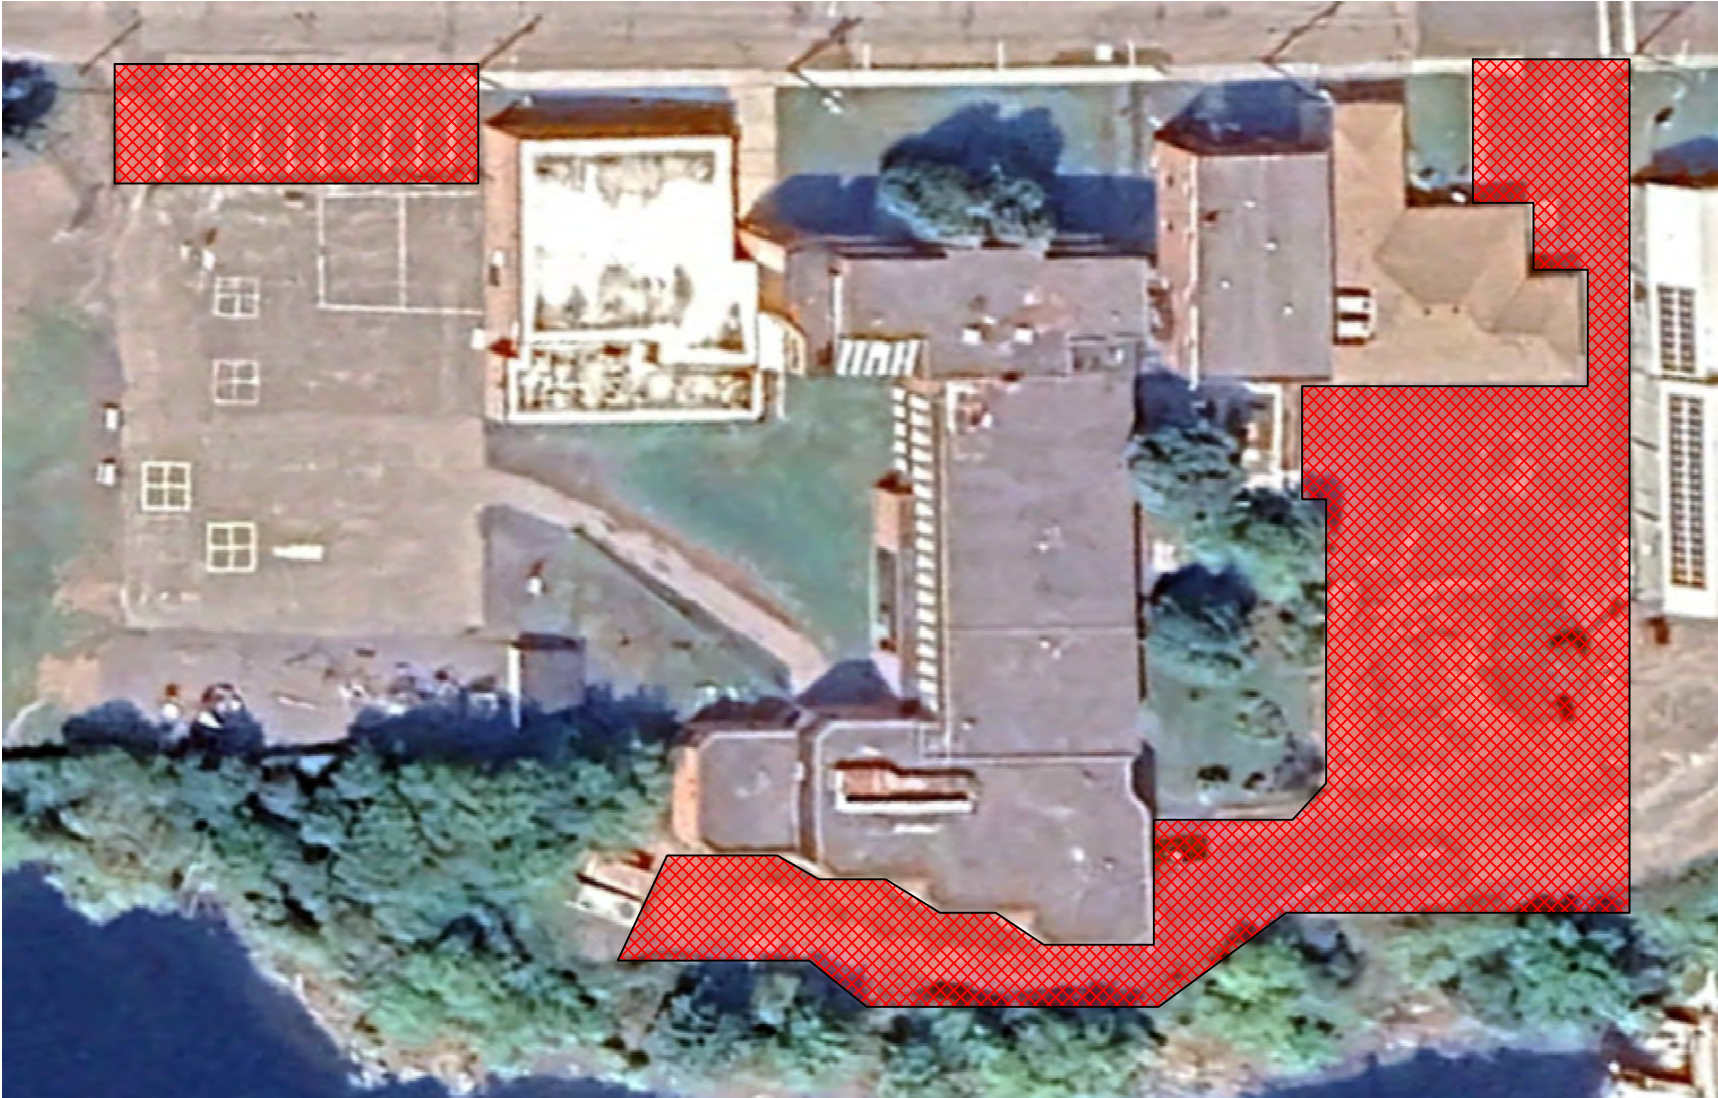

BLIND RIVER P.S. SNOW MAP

__________

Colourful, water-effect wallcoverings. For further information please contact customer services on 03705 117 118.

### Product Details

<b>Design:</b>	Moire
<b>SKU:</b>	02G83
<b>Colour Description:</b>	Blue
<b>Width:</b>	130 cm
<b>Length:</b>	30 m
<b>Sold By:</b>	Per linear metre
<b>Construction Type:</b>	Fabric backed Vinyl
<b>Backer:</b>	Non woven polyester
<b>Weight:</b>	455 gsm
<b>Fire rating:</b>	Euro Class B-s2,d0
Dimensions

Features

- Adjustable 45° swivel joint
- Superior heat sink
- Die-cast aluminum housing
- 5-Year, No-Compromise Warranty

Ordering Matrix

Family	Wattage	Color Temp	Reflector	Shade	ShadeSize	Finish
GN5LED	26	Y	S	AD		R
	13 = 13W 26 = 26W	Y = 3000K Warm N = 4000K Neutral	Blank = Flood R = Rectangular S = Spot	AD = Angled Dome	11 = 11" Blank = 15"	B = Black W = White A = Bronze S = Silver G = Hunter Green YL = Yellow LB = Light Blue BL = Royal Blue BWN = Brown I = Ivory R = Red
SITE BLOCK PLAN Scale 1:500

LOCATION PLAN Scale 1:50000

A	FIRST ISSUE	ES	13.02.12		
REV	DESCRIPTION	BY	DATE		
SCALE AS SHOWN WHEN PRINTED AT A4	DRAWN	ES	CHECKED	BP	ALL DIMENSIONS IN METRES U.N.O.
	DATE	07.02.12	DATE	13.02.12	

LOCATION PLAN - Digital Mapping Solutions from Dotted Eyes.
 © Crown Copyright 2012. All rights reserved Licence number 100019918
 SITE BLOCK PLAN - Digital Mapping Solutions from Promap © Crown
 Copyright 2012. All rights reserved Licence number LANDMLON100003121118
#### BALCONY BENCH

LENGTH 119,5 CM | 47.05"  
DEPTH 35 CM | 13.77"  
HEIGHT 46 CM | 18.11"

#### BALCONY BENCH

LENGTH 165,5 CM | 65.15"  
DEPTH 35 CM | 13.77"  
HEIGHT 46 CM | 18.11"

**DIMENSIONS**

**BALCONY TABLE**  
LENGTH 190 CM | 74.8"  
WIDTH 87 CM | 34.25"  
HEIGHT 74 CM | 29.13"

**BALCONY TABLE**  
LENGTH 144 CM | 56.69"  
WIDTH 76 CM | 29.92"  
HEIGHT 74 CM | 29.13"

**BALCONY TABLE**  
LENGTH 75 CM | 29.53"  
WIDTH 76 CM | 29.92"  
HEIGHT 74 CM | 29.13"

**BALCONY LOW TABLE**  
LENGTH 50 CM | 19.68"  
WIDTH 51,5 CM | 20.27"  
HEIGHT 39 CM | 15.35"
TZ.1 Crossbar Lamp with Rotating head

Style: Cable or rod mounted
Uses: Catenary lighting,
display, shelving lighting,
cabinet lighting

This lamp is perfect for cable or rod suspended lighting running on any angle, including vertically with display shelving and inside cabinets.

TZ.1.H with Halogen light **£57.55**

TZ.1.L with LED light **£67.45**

__________

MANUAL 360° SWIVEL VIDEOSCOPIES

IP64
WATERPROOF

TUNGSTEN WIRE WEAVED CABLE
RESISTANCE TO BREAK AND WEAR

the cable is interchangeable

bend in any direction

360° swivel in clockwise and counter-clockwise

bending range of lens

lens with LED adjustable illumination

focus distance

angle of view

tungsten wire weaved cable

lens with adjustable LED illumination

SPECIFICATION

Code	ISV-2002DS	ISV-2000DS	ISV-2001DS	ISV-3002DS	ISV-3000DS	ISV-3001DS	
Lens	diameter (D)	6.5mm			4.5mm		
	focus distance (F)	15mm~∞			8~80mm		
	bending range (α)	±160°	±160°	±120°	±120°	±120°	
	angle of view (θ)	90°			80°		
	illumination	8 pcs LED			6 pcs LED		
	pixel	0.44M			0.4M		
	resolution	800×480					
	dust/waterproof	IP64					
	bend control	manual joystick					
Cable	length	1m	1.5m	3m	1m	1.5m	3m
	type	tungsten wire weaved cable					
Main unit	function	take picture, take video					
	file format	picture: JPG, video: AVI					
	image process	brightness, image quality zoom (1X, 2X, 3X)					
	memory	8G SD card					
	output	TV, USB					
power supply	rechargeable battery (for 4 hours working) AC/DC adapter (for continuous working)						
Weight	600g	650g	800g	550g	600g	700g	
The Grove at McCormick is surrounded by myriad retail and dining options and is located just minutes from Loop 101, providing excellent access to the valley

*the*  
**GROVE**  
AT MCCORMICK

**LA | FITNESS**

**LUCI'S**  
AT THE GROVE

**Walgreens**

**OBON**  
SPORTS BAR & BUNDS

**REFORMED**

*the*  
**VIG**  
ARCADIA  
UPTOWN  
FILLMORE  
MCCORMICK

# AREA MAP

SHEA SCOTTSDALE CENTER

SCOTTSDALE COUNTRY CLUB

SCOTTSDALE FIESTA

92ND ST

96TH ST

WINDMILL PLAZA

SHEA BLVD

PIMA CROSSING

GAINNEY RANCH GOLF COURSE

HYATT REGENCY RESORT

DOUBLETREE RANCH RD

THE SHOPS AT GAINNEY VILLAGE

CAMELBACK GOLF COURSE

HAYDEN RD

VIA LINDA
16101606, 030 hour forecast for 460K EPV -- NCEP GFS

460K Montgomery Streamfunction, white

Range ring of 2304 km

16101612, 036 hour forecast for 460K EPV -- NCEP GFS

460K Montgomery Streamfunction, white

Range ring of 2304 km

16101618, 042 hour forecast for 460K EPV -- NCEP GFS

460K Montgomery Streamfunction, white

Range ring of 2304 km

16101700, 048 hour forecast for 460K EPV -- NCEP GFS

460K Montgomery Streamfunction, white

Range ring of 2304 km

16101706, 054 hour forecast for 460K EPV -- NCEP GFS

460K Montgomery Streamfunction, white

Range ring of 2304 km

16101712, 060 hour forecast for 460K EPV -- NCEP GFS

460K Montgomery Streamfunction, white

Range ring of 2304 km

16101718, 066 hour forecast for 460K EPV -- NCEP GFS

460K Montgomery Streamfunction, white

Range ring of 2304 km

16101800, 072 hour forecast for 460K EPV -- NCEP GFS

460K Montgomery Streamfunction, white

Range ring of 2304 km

__________

→ **PROBLEM DETAILS**
Say how many of the lines above include the word "BLOCK", giving the figure alone.

→ **EXERCISE RESPONSE**
2